WORK TO BE COMPLETED: Repeat every line of the data exactly, but not the pictures.
+++
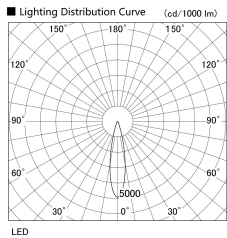

Item no. US004-1020S9035

Series Name: Spike type landscape spotlight

Installation	Spike type
Type	Spike type landscape spotlight
Fixture wattage	10.2W
Beam angle	22 deg
Color Temp.	3500K
CRI	Ra>90
Luminous	714 lm
Body	Die-cast aluminum alloy
Body finish	N/A
Trim finish	Silver
Reflector finish	N/A
IP Rate	IP65
Light source	COB module
Input Voltage	AC220~240V
Dimming Type	Non-Dimmable
Certificate	CE, CCC
Cut Hole	N/A
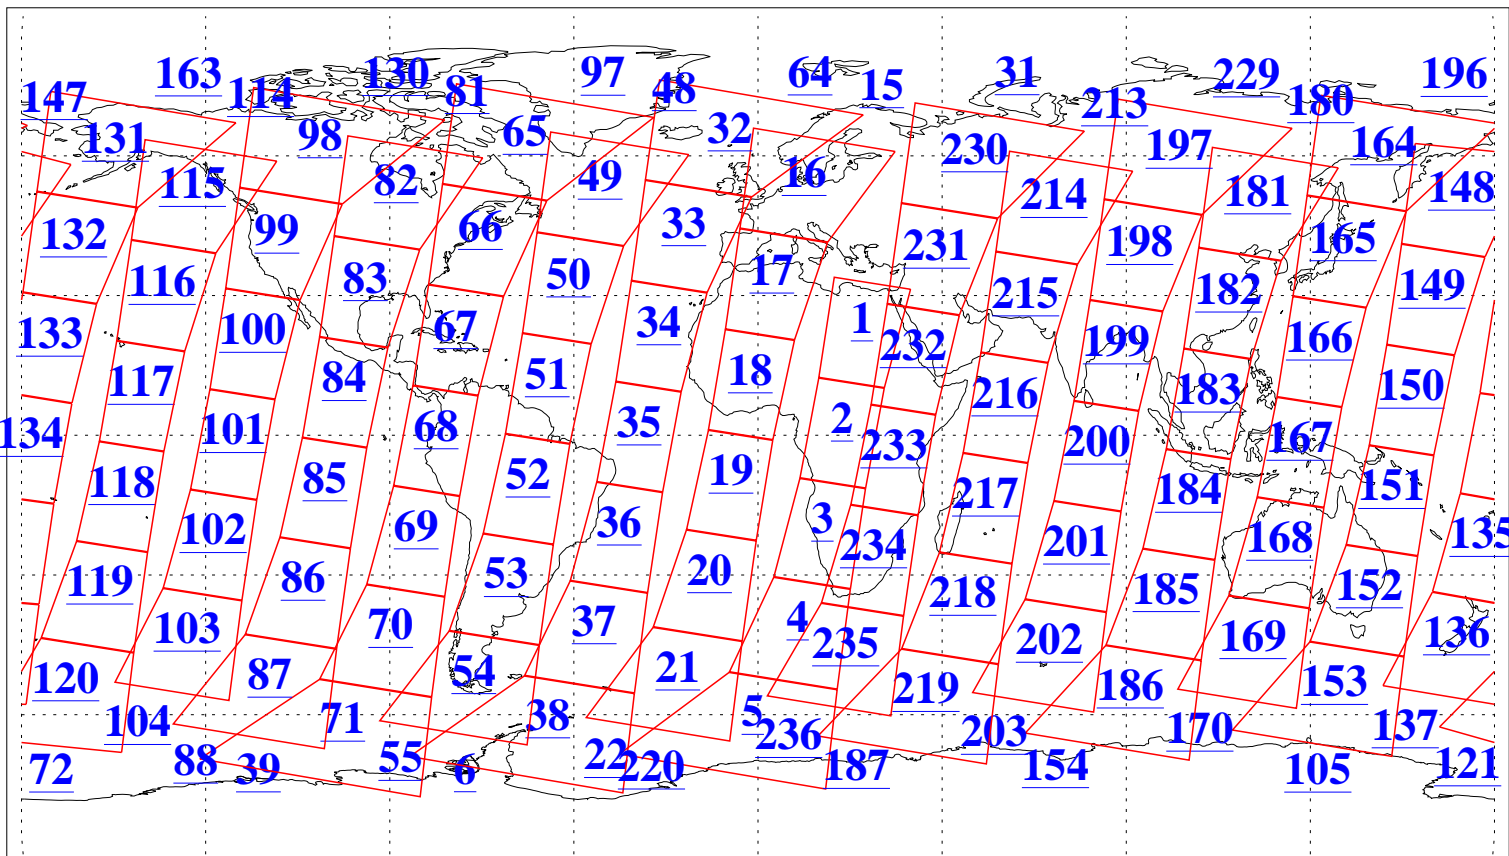

L1B Availability
AMSU Granules: 240
HSB Granules: 0
AIRS Granules: 240

2 Mar 2015
DoY 61
Aqua Day 4685
Granules: 1 to 120

Granules: 121 to 240

Legend: AMSU Available, HSB Available, AIRS Available

L1B Availability
AMSU Granules: 240
HSB Granules: 0
AIRS Granules: 240

2 Mar 2015
DoY 61
Aqua Day 4685
Ascending Granules

Descending Granules

Legend: AMSU Available, HSB Available, AIRS Available

L1B Availability
 AMSU Granules: 240
 HSB Granules: 0
 AIRS Granules: 240

2 Mar 2015
 DoY 61
 Aqua Day 4685

Northern Hemisphere Granules

Southern Hemisphere Granules

Legend: AMSU Available, HSB Available, AIRS Available
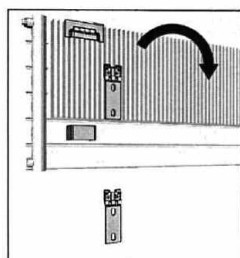

Warranty

Henrad Verona Plane comes with a 5 year manufacturer's warranty.

Henrad Verona Plane

Wall Mounting Information

All dimensions in mm.

Henrad Verona Plane Double

Horizontal radiator - Double

Height	Width
444	500 to 3000
592	

Henrad Verona Plane

Wall Mounting Information

All dimensions in mm.

Henrad Verona Plane Single

Horizontal radiator	
Height	Width
444	500 to 3000
592	

Instructions for both Verona Single and Verona Double Plane
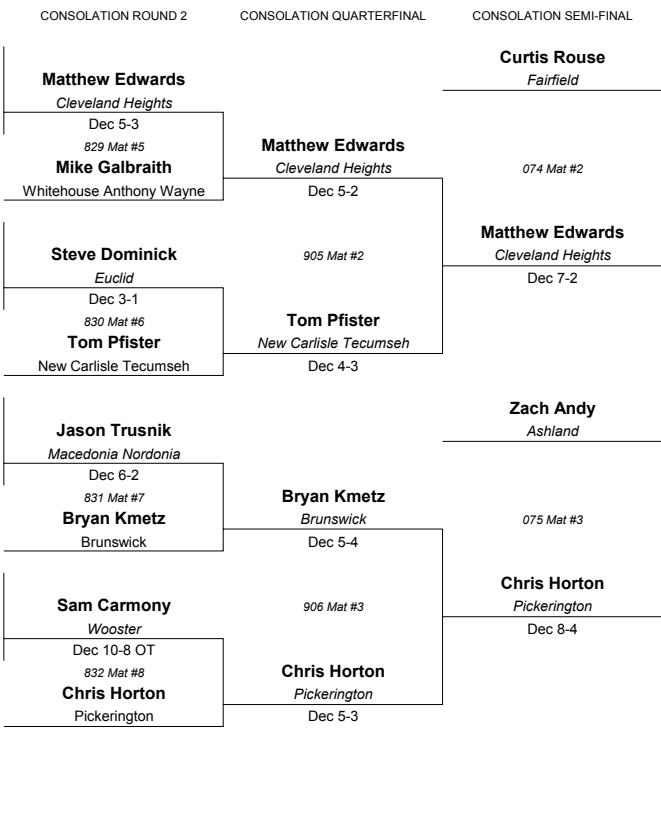

Sam Carmony
Wooster
496 Mat #8

Claude Brown
East Cleveland Shaw

CONSOLATION ROUND 2

Matthew Edwards
Cleveland Heights
829 Mat #5

Steve Dominick
Euclid

Andrew Rickman
Delaware Hayes

Kevin Quinn
Lakewood St Edward
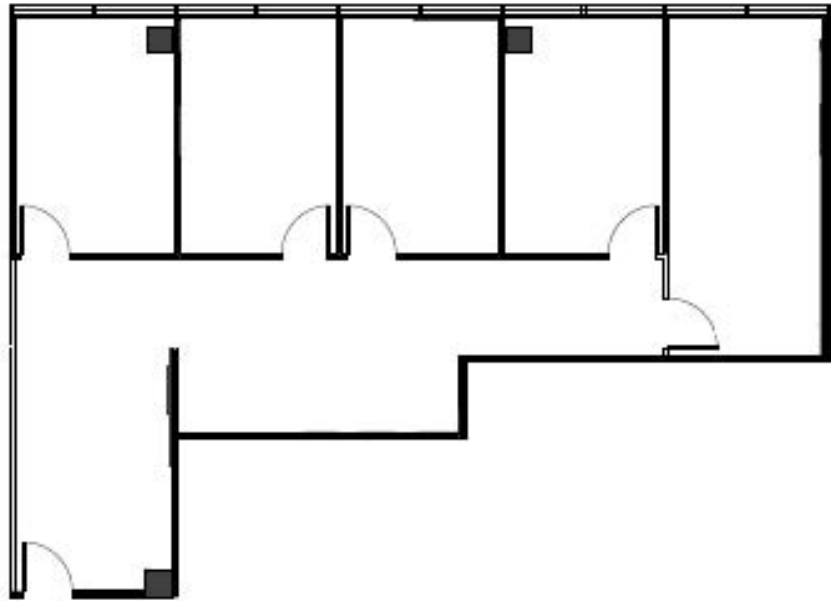

Ashford Crossing II

1880 South Dairy Ashford

Suite 216

Approximately 1,533 Rentable Square Feet

SPACE AVAILABLE

For more lease information contact us:

713-467-2222

www.hi-reit.com
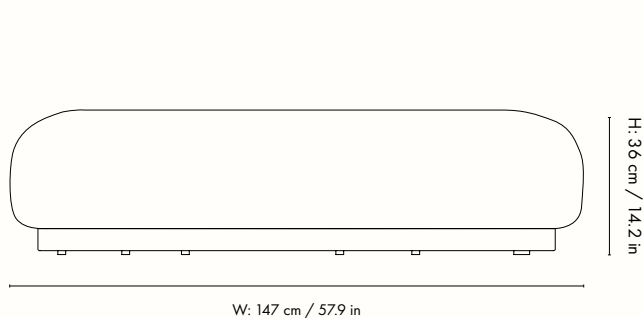

Measurements
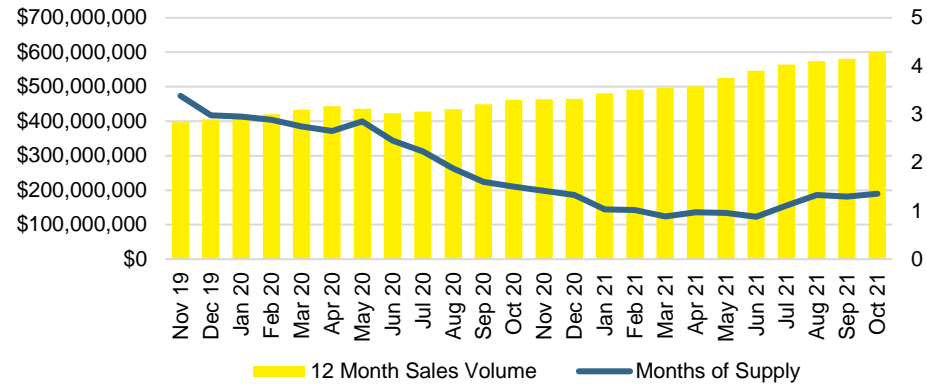

STEPHENS COUNTY SALES BY PRICE POINT

STEPHENS COUNTY INVENTORY BY PRICE POINT

WALTON COUNTY QUICK N'DICATORS

WALTON COUNTY SALES VOLUME VS SUPPLY

WALTON COUNTY INVENTORY MONTHS OF SUPPLY

WALTON COUNTY 12 MONTH AVERAGE SALES PRICE
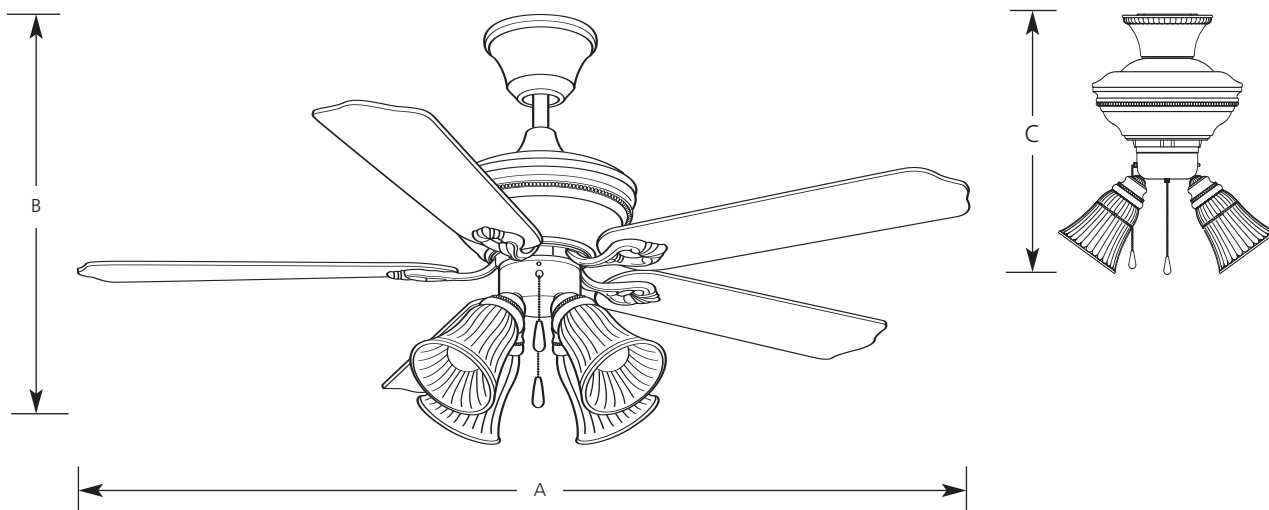

Type \_\_\_\_\_  
 -37 -77 -81  
 P2513

Catalog No.	Finish			Dimensions (Inches)		
	Burnished Brass	Forged Bronze	Antique Nickel	A	B	C
P2513	-37	-77	-81	52	23-3/4	19

**Blades**

Side 1	Dark Cherry	Cherry	Cherry
Side 2	Medium Oak	Classic Walnut	Medium Oak

**Specifications:**

General

- 30 year limited warranty

Blades

- Five blades
- Reversible
- 12 degree pitch
- Plywood construction

Motor

- Triple capacitor speed control; manual reverse control
- 153mm dia x 18mm high

Mounting

- Dual ceiling mounted on downrod, or close to ceiling
- A 3/4" x 6" downrod is included. Longer accessory downrods can be ordered separately
- Standard canopy designed for sloped ceilings up to 45 degrees (12:12 ceiling pitch)
- Canopy covers standard recessed 4" octagonal outlet box. Note: An outlet box assembly designed for fan installation is required (not included)
- Mounting hardware is included
+++
TASK RESULT:
Item no. US004-1020S9035

Series Name: Spike type landscape spotlight

Installation	Spike type
Type	Spike type landscape spotlight
Fixture wattage	10.2W
Beam angle	22 deg
Color Temp.	3500K
CRI	Ra>90
Luminous	714 lm
Body	Die-cast aluminum alloy
Body finish	N/A
Trim finish	Silver
Reflector finish	N/A
IP Rate	IP65
Light source	COB module
Input Voltage	AC220~240V
Dimming Type	Non-Dimmable
Certificate	CE, CCC
Cut Hole	N/A

L1B Availability
AMSU Granules: 240
HSB Granules: 0
AIRS Granules: 240

2 Mar 2015
DoY 61
Aqua Day 4685
Granules: 1 to 120

Granules: 121 to 240

Legend: AMSU Available, HSB Available, AIRS Available

L1B Availability
AMSU Granules: 240
HSB Granules: 0
AIRS Granules: 240

2 Mar 2015
DoY 61
Aqua Day 4685
Ascending Granules

Descending Granules

Legend: AMSU Available, HSB Available, AIRS Available

L1B Availability
 AMSU Granules: 240
 HSB Granules: 0
 AIRS Granules: 240

2 Mar 2015
 DoY 61
 Aqua Day 4685

Northern Hemisphere Granules

Southern Hemisphere Granules

Legend: AMSU Available, HSB Available, AIRS Available

Warranty

Henrad Verona Plane comes with a 5 year manufacturer's warranty.

Henrad Verona Plane

Wall Mounting Information

All dimensions in mm.

Henrad Verona Plane Double

Horizontal radiator - Double

Height	Width
444	500 to 3000
592	

Henrad Verona Plane

Wall Mounting Information

All dimensions in mm.

Henrad Verona Plane Single

Horizontal radiator	
Height	Width
444	500 to 3000
592	

Instructions for both Verona Single and Verona Double Plane

Sam Carmony
Wooster
496 Mat #8

Claude Brown
East Cleveland Shaw

CONSOLATION ROUND 2

Matthew Edwards
Cleveland Heights
829 Mat #5

Steve Dominick
Euclid

Andrew Rickman
Delaware Hayes

Kevin Quinn
Lakewood St Edward

Ashford Crossing II

1880 South Dairy Ashford

Suite 216

Approximately 1,533 Rentable Square Feet

SPACE AVAILABLE

For more lease information contact us:

713-467-2222

www.hi-reit.com

Measurements

STEPHENS COUNTY SALES BY PRICE POINT

STEPHENS COUNTY INVENTORY BY PRICE POINT

WALTON COUNTY QUICK N'DICATORS

WALTON COUNTY SALES VOLUME VS SUPPLY

WALTON COUNTY INVENTORY MONTHS OF SUPPLY

WALTON COUNTY 12 MONTH AVERAGE SALES PRICE

Type \_\_\_\_\_  
 -37 -77 -81  
 P2513

Catalog No.	Finish			Dimensions (Inches)		
	Burnished Brass	Forged Bronze	Antique Nickel	A	B	C
P2513	-37	-77	-81	52	23-3/4	19

**Blades**

Side 1	Dark Cherry	Cherry	Cherry
Side 2	Medium Oak	Classic Walnut	Medium Oak

**Specifications:**

General

- 30 year limited warranty

Blades

- Five blades
- Reversible
- 12 degree pitch
- Plywood construction

Motor

- Triple capacitor speed control; manual reverse control
- 153mm dia x 18mm high

Mounting

- Dual ceiling mounted on downrod, or close to ceiling
- A 3/4" x 6" downrod is included. Longer accessory downrods can be ordered separately
- Standard canopy designed for sloped ceilings up to 45 degrees (12:12 ceiling pitch)
- Canopy covers standard recessed 4" octagonal outlet box. Note: An outlet box assembly designed for fan installation is required (not included)
- Mounting hardware is included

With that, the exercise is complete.